【2007年5月20日】 ハニカミ王子・石川遼が当時世界最年少記録の15歳でツアー初優勝

2007年5月に当時15歳でツアー初優勝した石川遼。「ハニカミ王子」の表情にはあどけなさが残る
2007年5月に当時15歳でツアー初優勝した石川遼。「ハニカミ王子」の表情にはあどけなさが残る

 2007年5月20日。男子プロゴルフツアー、マンシングウェアKSBカップ最終日(岡山・東児が丘マリンヒルズGC)に日本ゴルフ史に残る大偉業が達成された。

 主催者推薦でツアー初出場のアマチュア・石川遼が、通算12アンダーで初優勝を飾った。

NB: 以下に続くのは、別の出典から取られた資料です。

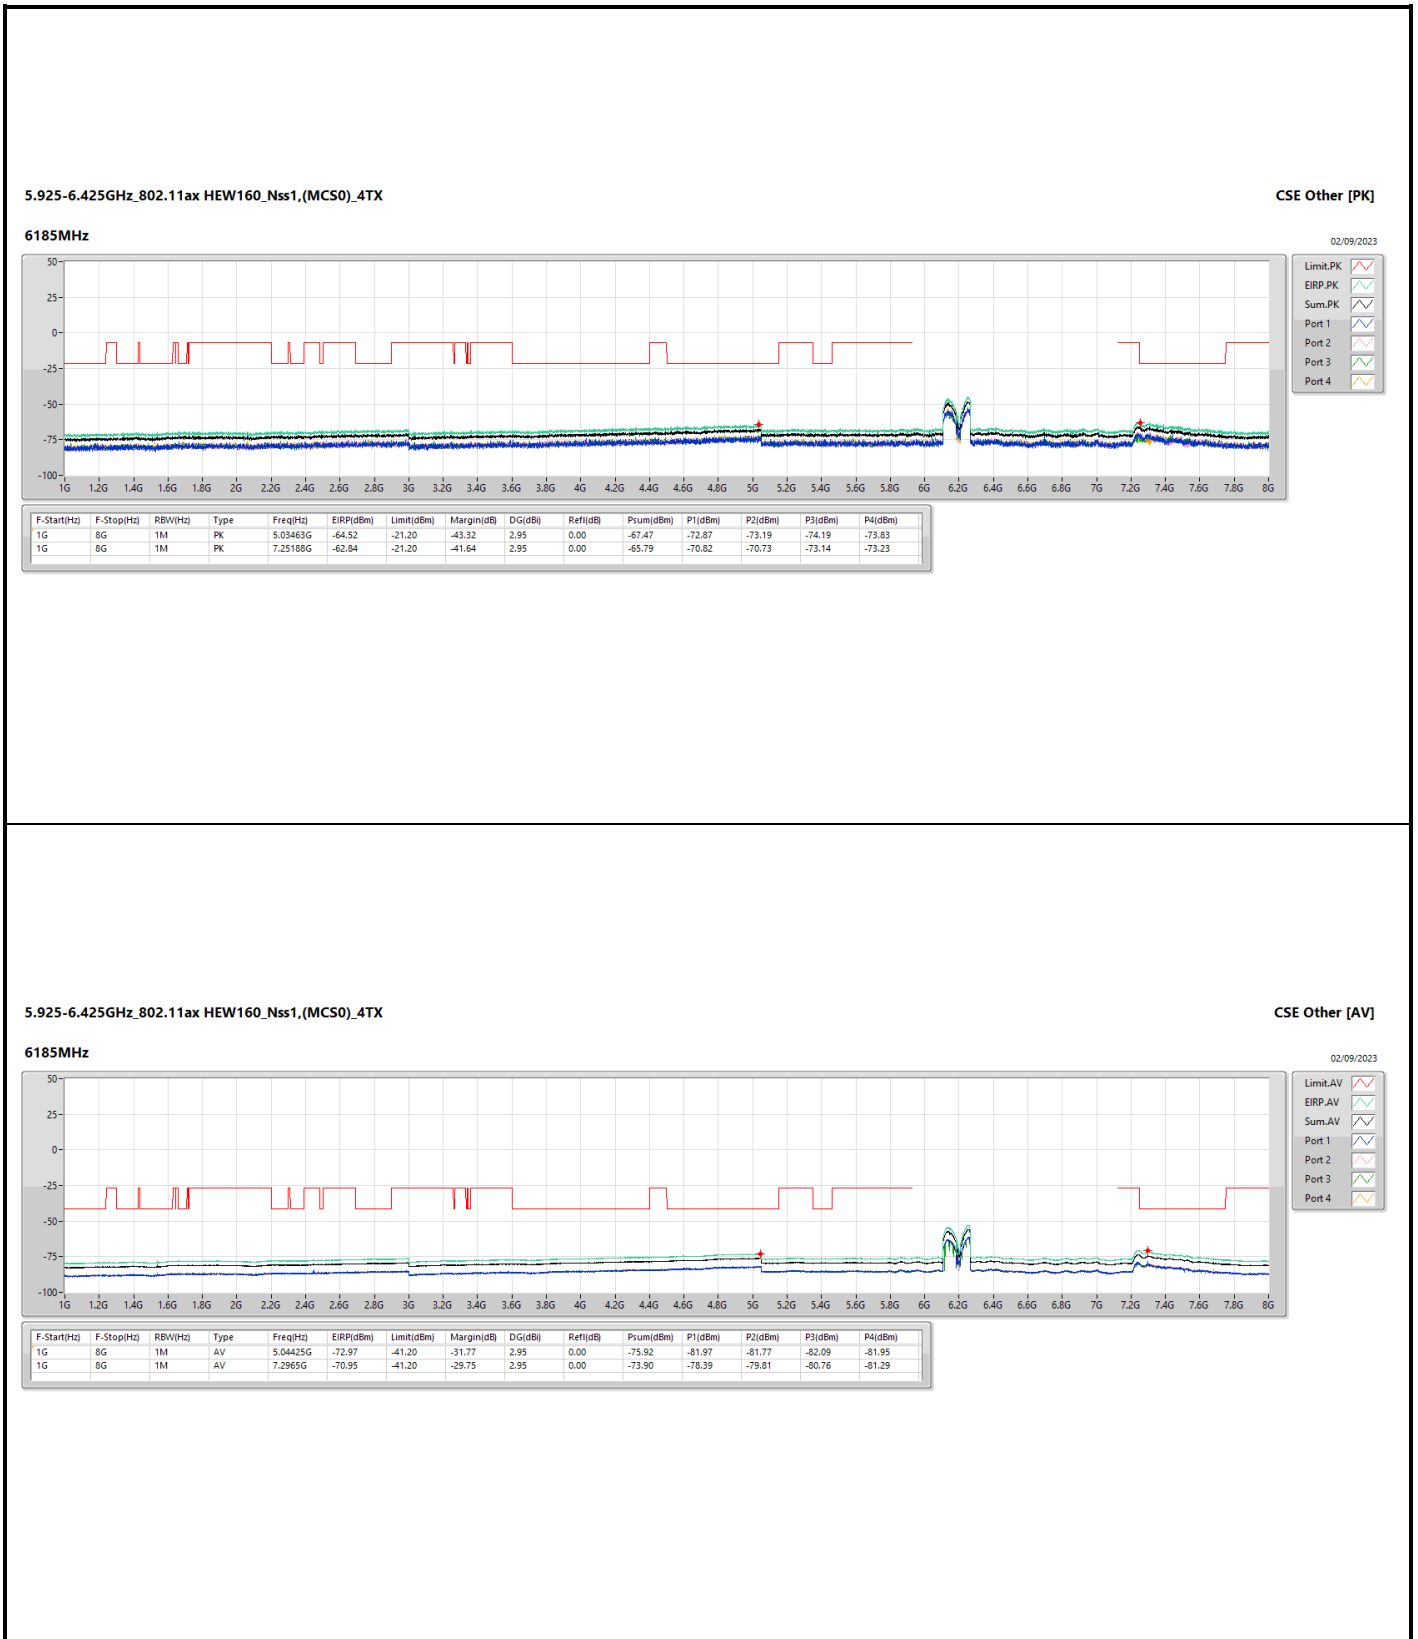

5.925-6.425GHz_802.11ax HEW20_Nss1,(MCS0)_4TX

CSE Other [AV]

6195MHz

02/09/2023

F-Start(Hz)	F-Stop(Hz)	RBW(Hz)	Type	Freq(Hz)	EIRP(dBm)	Limit(dBm)	Margin(dB)	DG(dB)	Ref1(dB)	Psum(dBm)	P1(dBm)	P2(dBm)	P3(dBm)	P4(dBm)
1G	8G	1M	AV	5.04688G	-72.98	-41.20	-31.78	2.95	0.00	-75.93	-82.06	-82.10	-82.11	-81.56
1G	8G	1M	AV	7.251G	-71.12	-41.20	-29.92	2.95	0.00	-74.07	-79.48	-79.65	-80.83	-80.54

15歳245日での優勝は国内男子ツアー記録の20歳225日(セベ・バレステロス=1977年日本オープン)更新はおろか、男女を通じて世界主要ツアーの最年少記録(当時)だった。日本男子のアマチュアVも、80年の中四国オープンの倉本昌弘(当時25歳)以来の快挙だった。

 この年の春、杉並学院高に入学したばかりの石川が、初体験の1日36ホールの長丁場で奇跡を演じた。第1ラウンドが強風で中止となり、第2ラウンドは雷雨で中断。最終日は第1組で午前6時20分にスタートした。首位とは7打差の23位で「初めは知ってる人ばかりで15人ぐらい」の観客は、ホールを追うごとに増えていった。ショットで果敢にピンを狙って攻めて第3ラウンドは69、最終ラウンドは66をマーク。1万811人のギャラリーを前に「こんなに大勢の前でプレーしたのは初めて」と緊張し、自分が首位にいることを知ったのはホールアウト後だった。

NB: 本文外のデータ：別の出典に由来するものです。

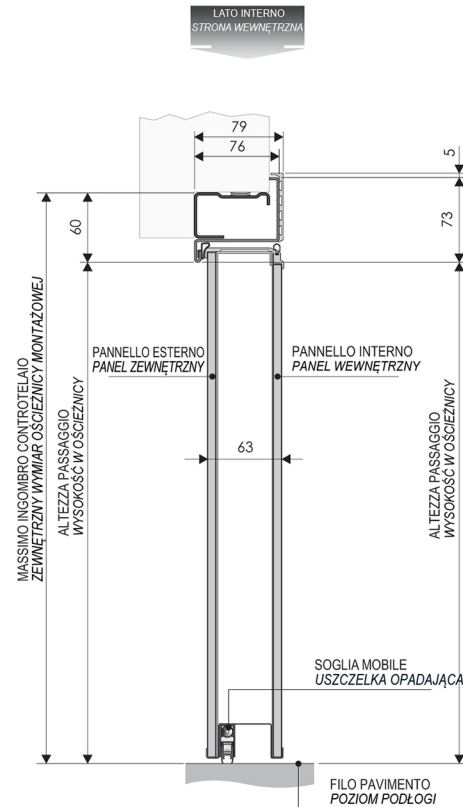

H I B R Y W A L L S E C U R I T Y
 SCHEMA TECNICO UN BATTENTE
 OPIS TECHNICZNY DRZWI POJEDYNCZYCH

THE ITALIAN STYLE DOOR

Dierre
 YOUR HOME, YOUR LIFE

HIBRY WALL SECURITY
SCHEMA TECNICO UN BATTENTE (CON PROFILO SECRET)
OPIS TECHNICZNY DRZWI POJEDYNCZYCH Z OŚCIEŻNICĄ „TOP SECRET”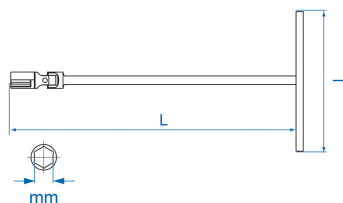

### M Metric T-Shaped Socket Wrench

- Em métrico
- Douille articulée
- Melhor utilização em acesso profundo
- Acabamento em cromo
- 6 points socket

	Dimensão (mm)	L (mm)	l (mm)	Peso (g)
577210M	10	400	200	425
577212M	12	400	200	425
577213M	13	450	200	425
577214M	14	450	200	425
577217M	17	450	200	425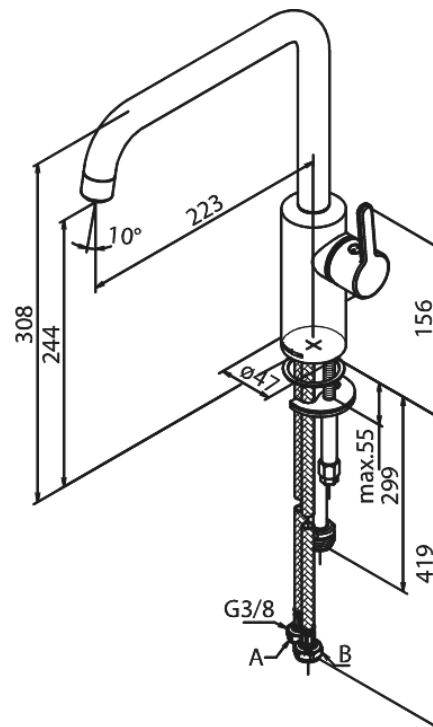

FM Mattsson Mora Group Finland Oy
FI-00880 Helsinki, Sahaajankatu 24

Puh. +358 20 7411960 info-finland@fmm-mora.com

Mere information på <https://damixa.fi>

damixa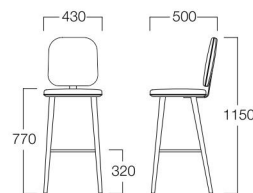

A = ¥101,000

B = ¥105,500

C = ¥110,000

D = ¥114,500

E = ¥124,000

〈仕様〉

フレーム：オーク材(ライトブラウン)・ステンレス(ブロンズメッキ)

カウンターチェア
張地 オクタピア L-8161 (Bランク)

■LIMITED

Elsa Counter

エルサ カウンター

カウンターチェア

ライトブラウン W8001-70LX

〈張地ランク〉

A = ¥110,000

B = ¥113,500

C = ¥117,000

D = ¥120,500

E = ¥127,500

〈仕様〉

フレーム：オーク材(ライトブラウン)・ステンレス(ブロンズメッキ)

※価格は税抜き価格を表記しています。消費税を別途承ります。

テーブル
エルサ テーブル >> P.416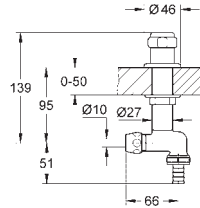

GROHE KØKKENTILBEHØR

GROHE nr. VVS nr. Farve Pris DKK
ekskl. moms

41 050 000 Krom 822,00

Omstilling til vaskemaskine
køkkenbordsmontage
indstillelig op til 50 mm
fedtkammer hovedstykke 1/2" for lukbar vandslangeforbindelse
Sikkerhedsenhed type EB
Med kontraventil
GROHE StarLight-belægning
Til combination med ventil type HB 41 239 000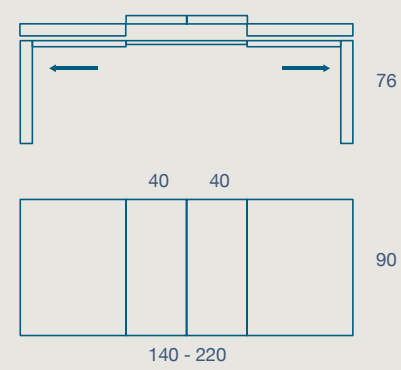

METALLO

LAMINATO

IMPIALLACCIATO

DIK

TAVOLO / TABLE

TAVOLO "DIK" ALLUNGABILE.
GAMBE 8X8 METALLO VERNICIATO
PIANO SP.8 LAMINATO E IMPIALLACCIATO FOLDING.

"DIK" EXTENDIBLE TABLE
LEGS 8 X 8 IN PAINTED METAL
8 TH. LAMINATE AND VENEERED FOLDING TOP

140 X 90 H 76 N.2 PROLUNGHE DA 40
140 X 90 H 76 N.2 EXTENSIONS CM 40

160 X 90 H 76 N.3 PROLUNGHE DA 40
160 X 90 H 76 N.3 EXTENSIONS CM 40

METALLO

LAMINATO

IMPIALLACCIATO

FINITURE STRUTTURA

STRUCTURE FINISHES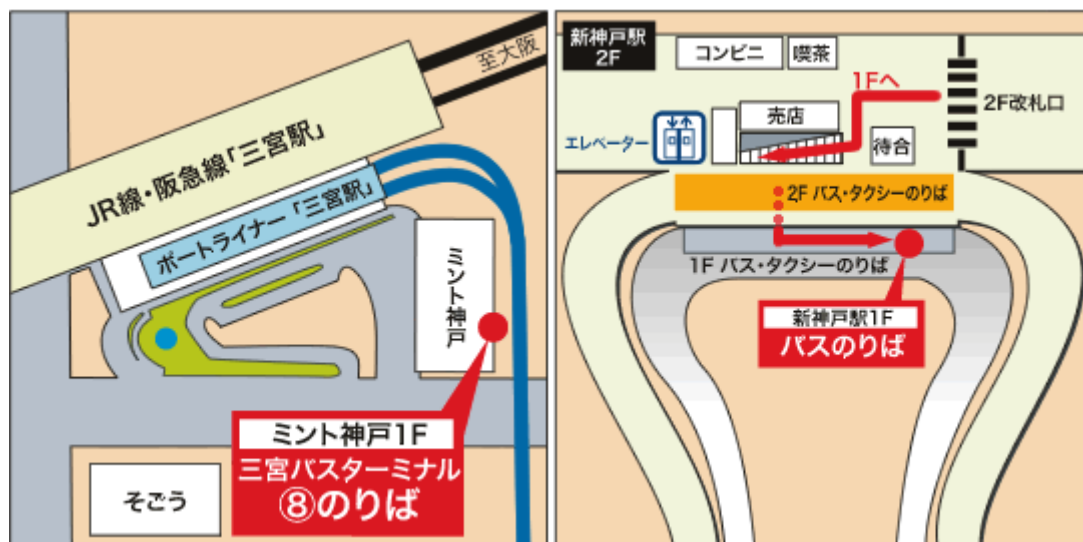

神戸ポートピアホテル 無料シャトルバスのご案内

神戸ポートピアホテル、三宮駅、新神戸駅間を
20分間隔で運行中。

時刻表

ホテル発 ▶ 三宮・新神戸 行				三宮発 ▶ ホテル 行				新神戸発 ▶ ホテル 行									
各駅までの所要時間 三宮:約15分 新神戸:約25分				ホテルまでの所要時間 約15分				ホテルまでの所要時間 約25分									
7		20	40	7				7		50							
8	0	20	40	8	0	20	40	8	10	30	50						
9	0	20	40	9	0	20	40	9	10	30	50						
10	0	12	20	40	52	10	0	20	32	40	52						
11	0	12	20	32	40	52	11	0	12	20	32	40	52				
12	0	12	20	32	40	52	12	0	12	20	32	40	52				
13	0	12	20	32	40	52	13	0	12	20	32	40					
14	0	20	32	40	52	14	0	12	20	40	52	14	10	30	50		
15	0	20	32	40	52	15	0	12	20	40	52	15	10	30	50		
16	0	12	20	32	40	16	0	12	20	40	52	16	10	30	50		
17	0	12	20	32	40	52	17	0	12	20	32	40	52	17	10	30	50
18	0	12	20	32	40	52	18	0	12	20	32	40	52	18	10	30	50
19	0	12	20	32	40	19	0	12	20	40	19	10	30	50			
20	0	20	40	20	0	20	40	20	10	30	50						
21	0	20	40	21	0	20	40	21	10	30							
22	0	※三宮止まり			22				22								

※赤字は土曜日・特定日のみ運行 ※赤字は土曜日・特定日のみ運行

のりばのご案内

三宮駅

新神戸駅

- ※ 乗車定員を越えての乗車はできません。その場合は次のバスをご利用いただく場合がございます。予めご了承ください。
- ※ 所要時間及びダイヤは道路渋滞等の交通事情により遅れる場合がございます。
- ※ シャトルバスご乗車の際、ご乗車券は必要ございません。また、お席ご予約は承っておりません。何卒ご了承ください。
- ※ シャトルバスの時刻は、予告無しに変更させていただく場合がございます。事前にお問い合わせいただきますようお願い申し上げます。

 ハイライトは最終ラウンドの216ヤードの17番パー3だ。3アイアンでの第1打をグリーン左のバンカーへ。13番のバーディーでトップに立っていた高校1年生の優勝は、やはり厳しいのか。誰もがそう思ったピンチで、強めに入った30ヤードのバンカーショットは見えない何かに導かれるかのように、ピンに当たってカップイン。スーパーバーディーを決めると、石川ははにかみながら両手を広げて一回転し、大喝采を浴びた。

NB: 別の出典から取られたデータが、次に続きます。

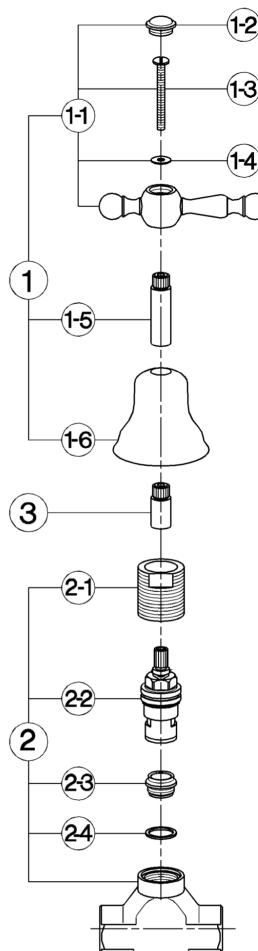

* senza resistenza silenziosa (uscita libera)
without hydraulic resistance
ohne Widerstand
sans résistance hydraulique

NR.	DESCRIZIONE DESCRIPTION BESCHREIBUNG DESCRIPTION	N. CODICE CODE NO. WERKSNR. NR. CODE	NR.	DESCRIZIONE DESCRIPTION BESCHREIBUNG DESCRIPTION	N. CODICE CODE NO. WERKSNR. NR. CODE	NR.	DESCRIZIONE DESCRIPTION BESCHREIBUNG DESCRIPTION	N. CODICE CODE NO. WERKSNR. NR. CODE
1	Leva con cappuccio "AA" Lever with escutcheon "AA" Hebel "AA" mit Abdeckkappe Levier "AA" avec rosace	ZZ 92976 0	1-6	Cappuccio e campana "AR" Escutcheon "AR" Abdeckkappe "AR" Rosace "AR"	ZZ 92598 0	2-4	Guarnizione rame 18,5x16,1x1 Gasket copper 18,5x16,1x1 Kupferdichtung 18,5x16,1x1 Joint cuivre 18,5x16,1x1	ZZ 92656 0
1-1	Leva "AA" con vite e placchetta Lever with screw and plate "AA" Hebel "AA" mit Schraube und Abdeckkappe Levier "AA" avec vis et plaque	ZZ 92977 0	2	Rubinetto incasso 1/2" Concealed stop cock 1/2" Unterputzventil 1/2" Robinet à encastrer 1/2"	ZZ 92982 0	3	Prolunga asta vitone per rubinetto incasso Extension for headvalve Verlängerung 1/Oberteil Rallonge	ZZ 92651 0
1-2	Placchetta a vite maniglia "AR" Cap for handle "AR" Abdeckkappe "AR" Griff Plaque cache-vis crois. "AR"	ZZ 92617 0	2	Rubinetto incasso 3/4" Concealed stop cock 3/4" Unterputzventil 3/4" Robinet à encastrer 3/4"	ZZ 92979 0			
1-3	Vite M.4x55 tc. Screw M.4x55 Schraube M.4x55 Vis M.4x55	ZZ 92655 0	2-1	Riduzione capp. bordo vasca e incasso Reduction for bath escutcheon Reduzierstück Reduction rosace	ZZ 92682 0			
1-4	Rondella ottone 12x4,3x1 Ring in brass 12x4,3x1 Unterlegscheibe 12x4,3x1 Joint laiton 12x4,3x1	ZZ 92673 0	2-2	Vitone ceramico 1/2" DX 90° Ceramic headvalve 1/2" right 90° Keramikoberteil 1/2" - rechts - 90° Tête céram. 1/2" droite 90°	ZZ 92907 0			
1-5	Prolunga asta vitone batterie "AA" Extension for headvalve "AA" - long Verlängerung 1/Batterie "AA" Rallonge levier "AA"	ZZ 92672 0	2-3	Sede rubinetto incasso 1/2" Seat 1/2" Sitz 1/2"	ZZ 92658 0

 2位の宮本勝昌に1打差をつけ、劇的な逆転優勝を成し遂げた。真っ赤なチャンピオンブレザーを着たスーパー高校生は「まだ実感がない」と涙で声を詰まらせた。

 一躍、大フィーバーを巻き起こした。この日の初優勝時、中継局のアナウンサーが石川の笑顔を見て名付けた「ハニカミ王子」で、年末の流行語大賞も受賞した。翌年1月には、約300人の報道陣が集まった会見で「プロ転向」を宣言。16歳3か月の史上最年少ツアープロ(当時)が誕生した。